Dear
@Jim - since, by deliberate choice you have posted in a debate forum and it is unclear what exactly you want to debate (the "One Common Faith" document is 22 pages long after all), I would like to frame some questions for further discussion if I may. But first a bit of preamble to set the scene.
Regarding its 2002 letter and the purpose of the "interfaith" component of Baha'i activities, the "One Common Faith" document states in its foreword (my bold in all quotes below):
Above all, we expressed our conviction that the time has come when religious leadership must face honestly and without further evasion the implications of the truth that God is one and that, beyond all diversity of cultural expression and human interpretation, religion is likewise one. It was intimations of this truth that originally inspired the interfaith movement and that have sustained it through the vicissitudes of the past one hundred years. Far from challenging the validity of any of the great revealed faiths, the principle has the capacity to ensure their continuing relevance. In order to exert its influence, however, recognition of this reality must operate at the heart of religious discourse, and it was with this in mind that we felt that our letter should be explicit in articulating it.
And concludes by quoting Baha'u'llah's conviction that...
"...the Lord hath ordained as the sovereign remedy and mightiest instrument for the healing of all the world is the union of all its peoples in one universal Cause, one common Faith.”
This seems a very different approach to interfaith dialogue than, for example, the Dalai Lama's approach in dialogue between Buddhism and Islam in his foreword to the book
Common Ground between Islam and Buddhism which he says:
"...seeks to find common ground between the teachings of Islam and of Buddhism. It is my hope that on the basis of this common ground, followers of each tradition may come to appreciate the spiritual truths their different paths entail and from this develop a basis for respect for each other's practice and beliefs."

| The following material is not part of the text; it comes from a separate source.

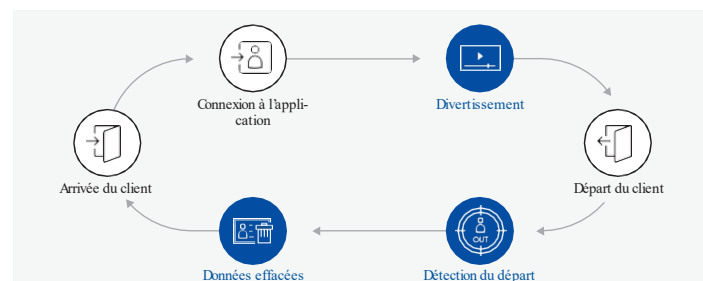

La nouvelle série Smart TV connectée HBU8000 inclue nativement Netflix* en qualité UHD permettant à vos clients de reprendre leurs films et séries TV préférés avec leur propre compte pour une expérience encore plus authentique et familière.

* 29.5% de parts de marché. Source OMDIA 2021.
* Intégrateurs LYNK Cloud à partir de la licence LYNK Cloud Standard (DM)

Une interface familière pour une navigation fluide

Lorsqu'ils allument la télévision de leur chambre, les clients reconnaissent une interface utilisateur familière avec les applications de divertissement les plus populaires comme Netflix et YouTube. Ils peuvent se connecter à leurs comptes pour se plonger dans le visionnage de leur série du moment ou explorer de nouvelles suggestions.

So my question for discussion - and elaboration especially from Baha'i people - is: should the aim of interfaith dialogue really be "One Common Faith" - or should it rather be a foundation for mutual respect?
And with that in mind, what useful purpose is served by phrases like:
"Throughout that part of the world where the vast majority of the earth’s population live, facile announcements that “God is Dead” had passed largely unnoticed."
This seems to relegate all non-theist - possibly even all non-monotheistic - conceptions of deity or spirituality into the waste basket altogether - despite the fact that it is perfectly obvious that the increasing influence of humanistic reasoning is perhaps the only common thread that can honestly be perceived as joining the varied cultural traditions of the 21st world together.
Again, this seems an opposite approach to that of the Dalai Lama who recently wrote a book called
Beyond Religion - Ethics for a Whole World - in which he seeks to find common moral ground for a peaceful human society that is not (necessarily) religious - essentially, I suppose, "one common humanity" rather than "one common faith".
"In the past, when peoples lived in relative isolation from one another—as we Tibetans lived quite happily for many centuries behind our wall of mountains—the fact that groups pursued their own religiously based approaches to ethics posed no difficulties. Today, however, any religion-based answer to the problem of our neglect of inner values can never be universal, and so will be inadequate. What we need today is an approach to ethics which makes no recourse to religion and can be equally acceptable to those with faith and those without: a secular ethics."
So OK - with all that in mind, now I have three questions:
1. Should the aim of interfaith dialogue be "one common faith"? And if so why is it so important that we all believe the same things?
2. Does the Baha'i approach mistake religious "sameness" for spiritual "oneness"?
3. Should secular humanism be part of the interfaith dialogue? Why or why not?